WORK TASK —
With pictures left out, write out exactly every line from the start of the data through the one that contains "POZNAŃ ul. Wilczak 16 I".

PROVIDED RECORDS —
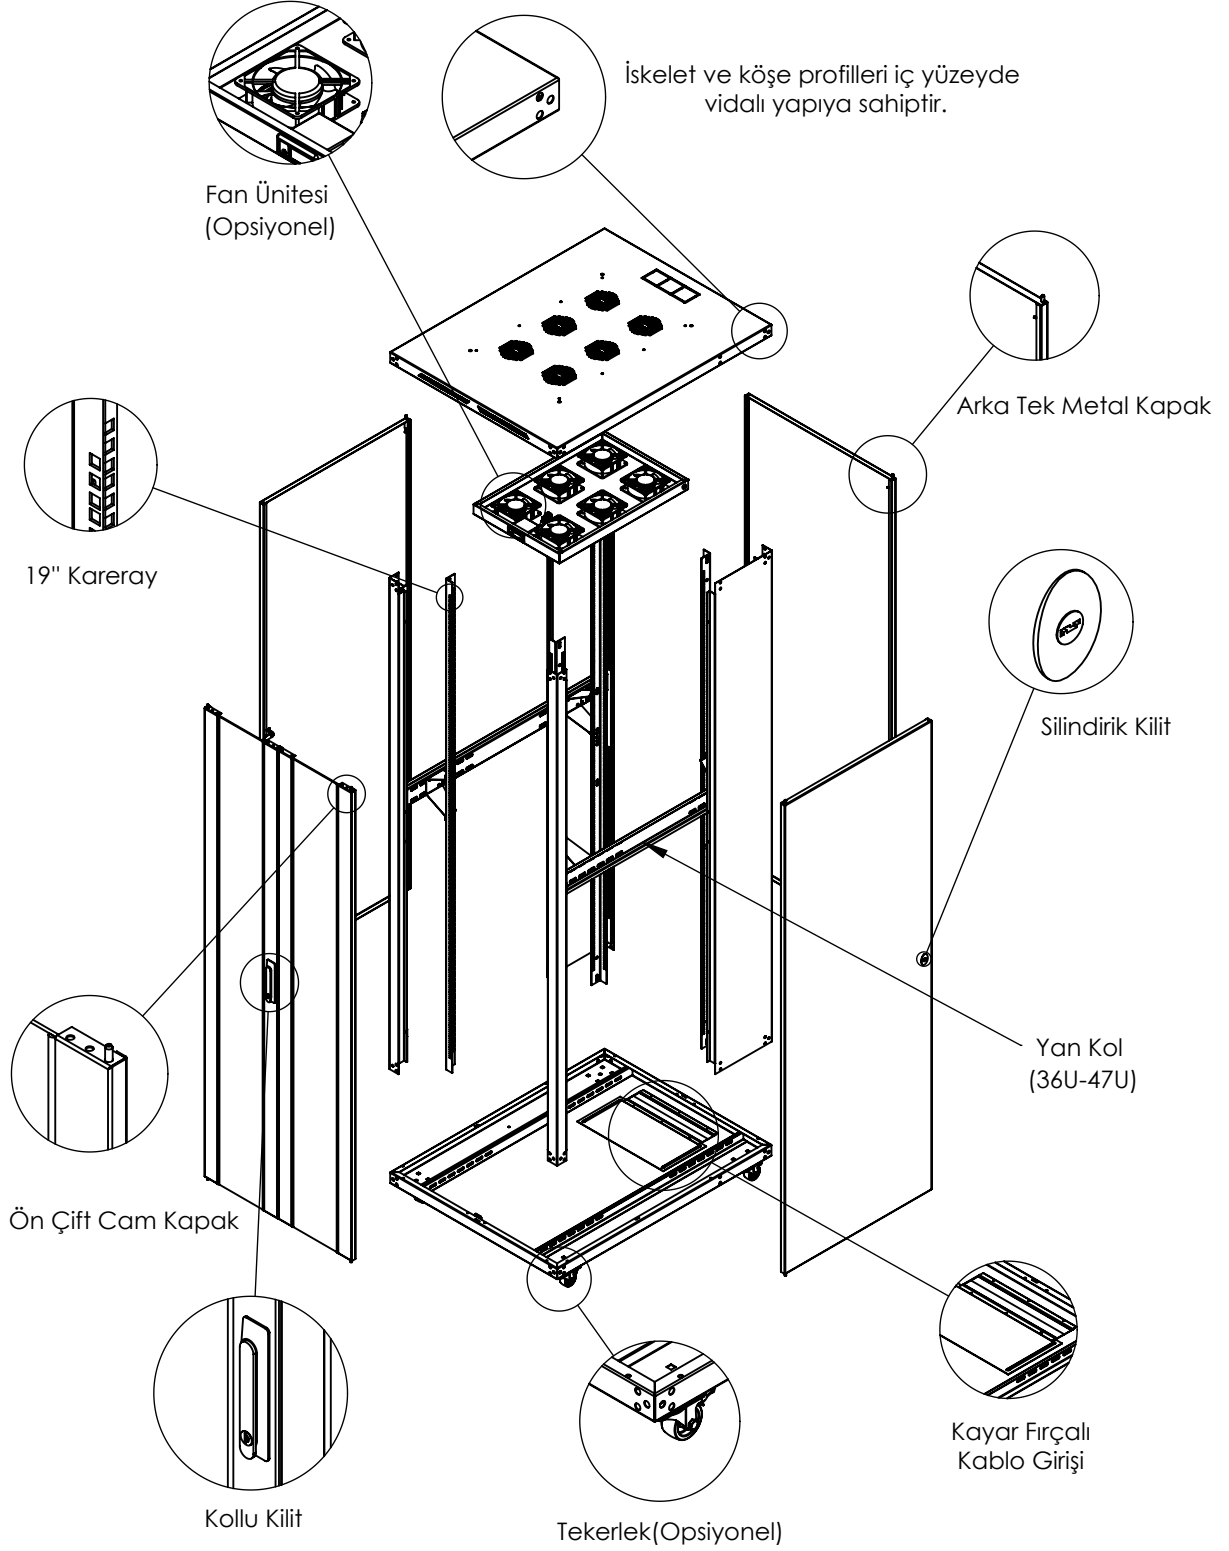

NETLINE

Netline 19" Dikili Tip Kabinet
Kabinet Referansı:800x1000

FORMRACK®

Patlamış Görünüm

NETLINE

FORMRACK

Adres: Akçaburgaz Mah. 592. Sokak No:10 B Blok 34522 Esenyurt - İstanbul - Türkiye
T: +90 212 565 56 50 / F: +90 212 567 40 46 www.formrack.com / satis@formrack.com
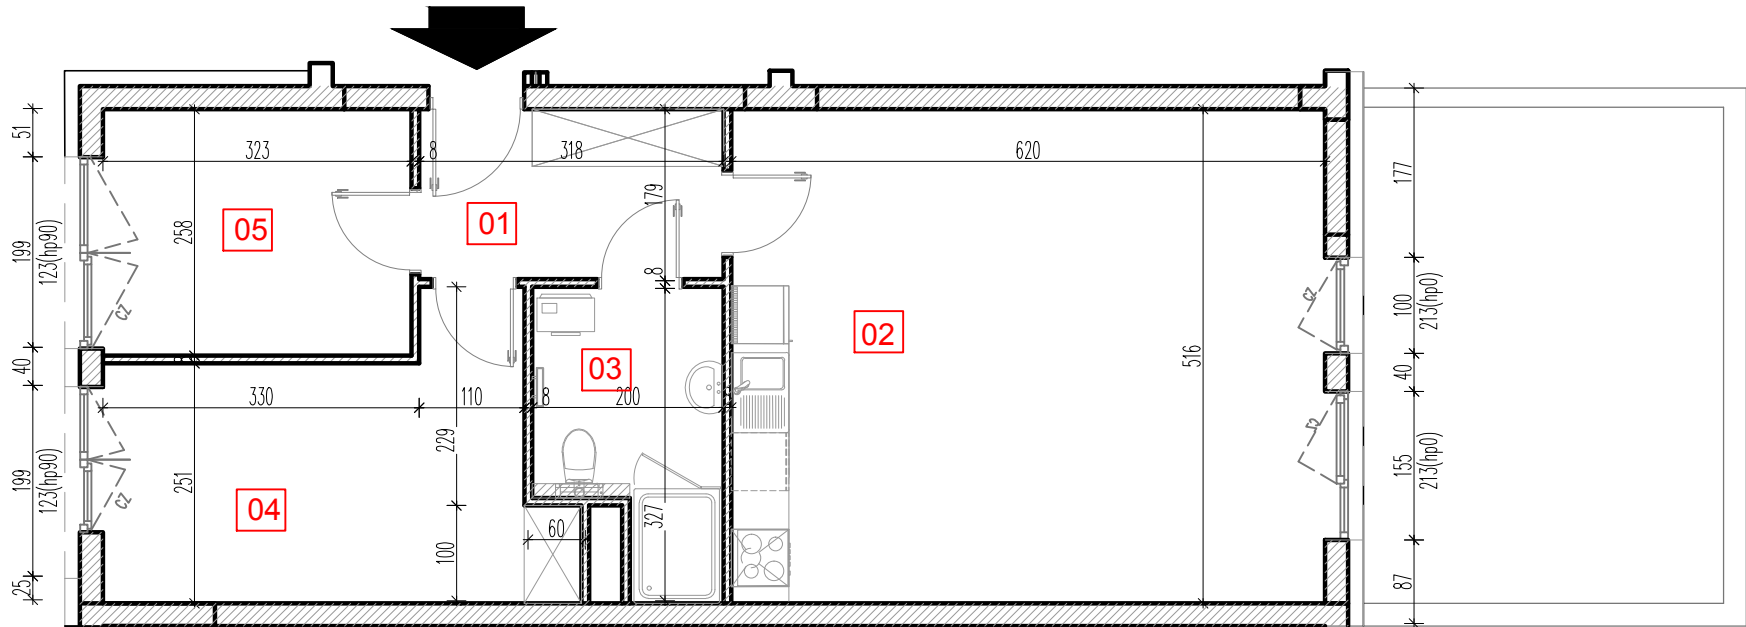

TARASY WILCZAK

3 pokoje **M809**

BUDYNKI MIESZKALNE
POZNAŃ ul. Wilczak 16 I

LOKALIZACJA MIESZKANIA W BUDYNKU

PIĘTRO: 0

ILOŚĆ POKOJÓW: 3

01	Korytarz	5,87	m ²
02	Pokój z aneksem	32,24	m ²
03	Łazienka	5,77	m ²
04	Pokój	12,70	m ²
05	Pokój	8,44	m ²

65,02m²

Ogródek 19,75m²

TRICO

TRICO sp. z o.o. SKA
ul. Na Miasteczku 12 61-144 Poznań
www.tarasywilczak.pl
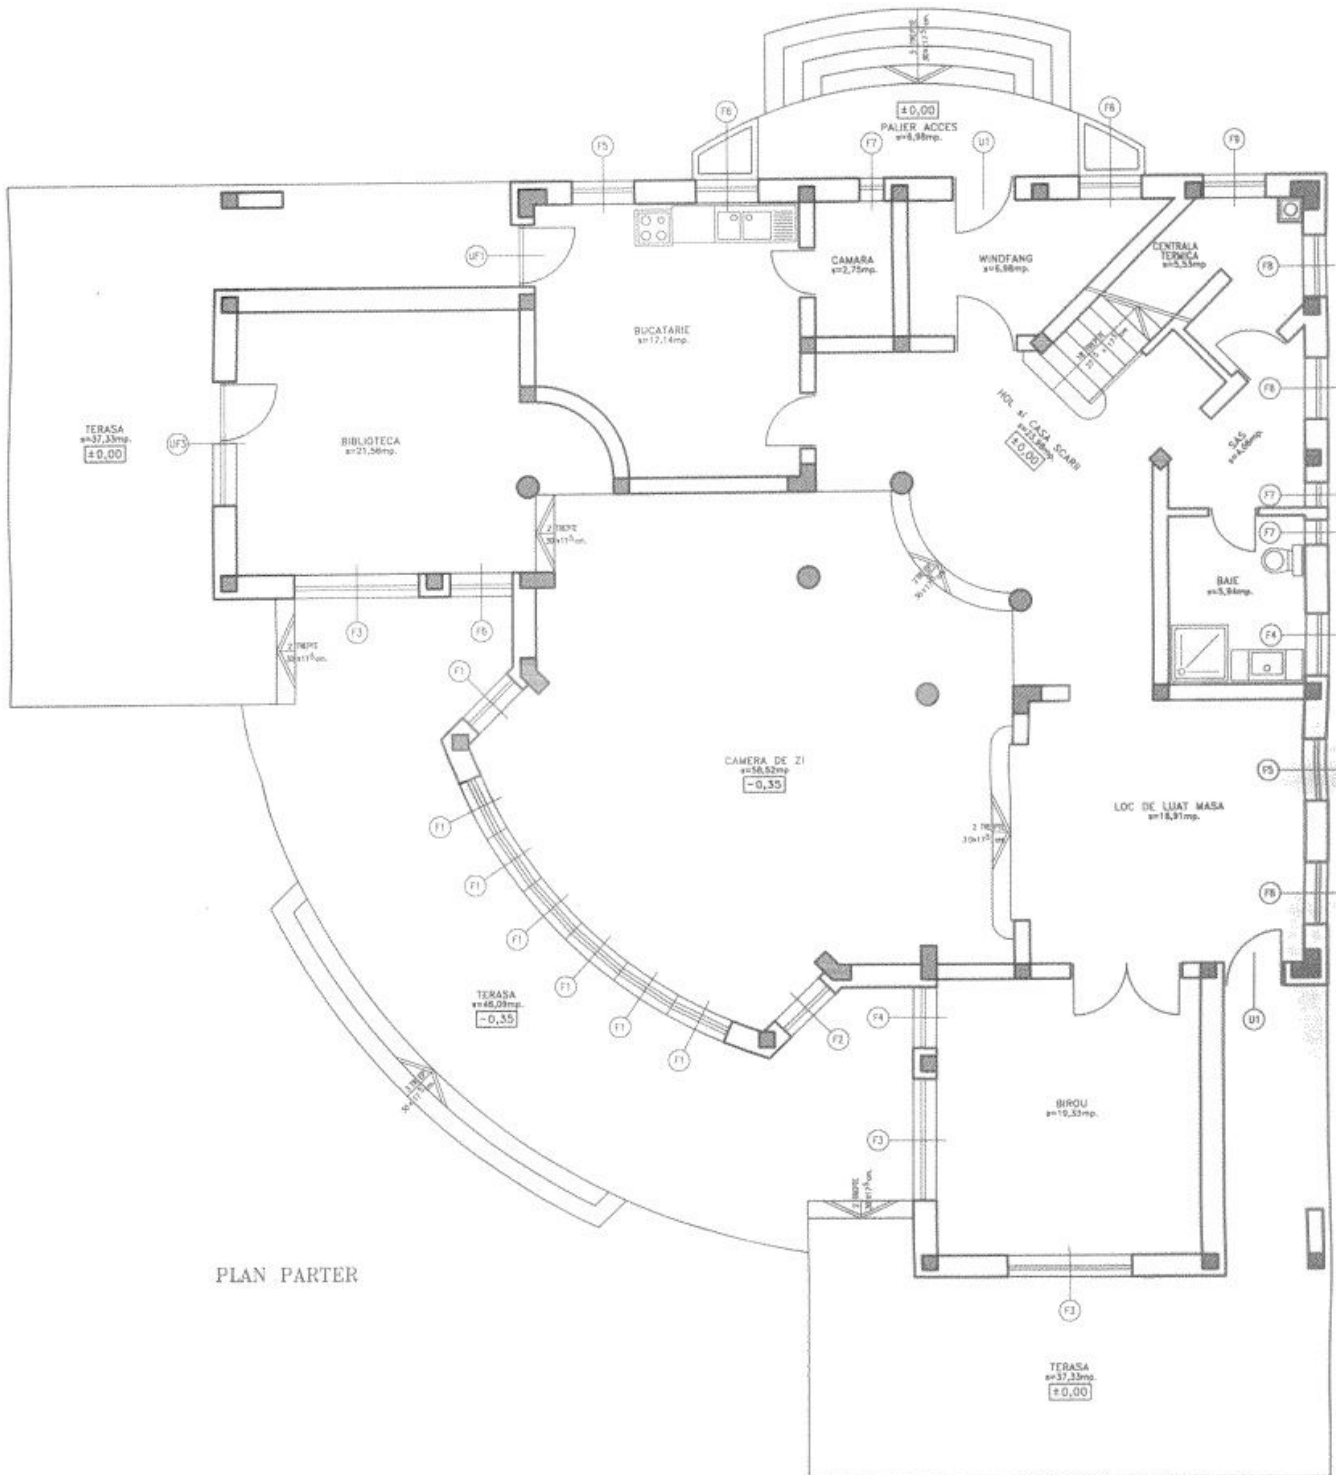

📋 CONTINE

- 7 dormitoare
- 4 bai

📦 Dotari

bucătărie închisă, bucătărie mobilată, bucătărie utilată, apometre, contor căldură, contor electric, contor gaz, aer condiționat, aragaz, cabină de duș, cadă, dressing, frigider, hotă, mașină spălat rufe, mașină spălat vase, scară interioară, sistem de alarmă, nemobilat, calorifere, centrală imobil, pompă de căldură

📄 Detalii proprietate

Amplasata langa marginea padurii Baneasa, intr-o zona linistita cu multa vegetatie, aceasta vila impunatoare dispusa pe 3 nivele se remarca prin dimensiunile generoase si gradina matura atent amenajata. Vila are o suprafata utila de 500 mp si a fost construita pe un teren de 1885mp. Parterul luminos cu tavan inalt este compus din zona de zi, camera dining, bucatarie separata si echipata, birou/ dormitor si baie cu dus. La etajul 1 este dormitorul matrimonial cu dressing si baie proprie si 3 dormitoare secundare care impart cea de-a 2-a baie. Mansarda este compusa din spatiu deschis si 2 dormitoare cu terase proprii care impart 1 baie. Vila este reconditionata si este ideala pentru o familie cu copii, beneficiaza de panouri solare si pompa de caldura pentru eficientizarea consumului.

➔ <https://www.goldenkey.ro/anunt-proprietate-deosebita-langa-padure-cu-teren-de-1885mp-cp1064075>

PLAN ETAJ

PLAN MANSARDA

YOUR RESPONSE —
NETLINE

Netline 19" Dikili Tip Kabinet
Kabinet Referansı:800x1000

FORMRACK®

Patlamış Görünüm

NETLINE

FORMRACK

Adres: Akçaburgaz Mah. 592. Sokak No:10 B Blok 34522 Esenyurt - İstanbul - Türkiye
T: +90 212 565 56 50 / F: +90 212 567 40 46 www.formrack.com / satis@formrack.com

TARASY WILCZAK

3 pokoje **M809**

BUDYNKI MIESZKALNE
POZNAŃ ul. Wilczak 16 I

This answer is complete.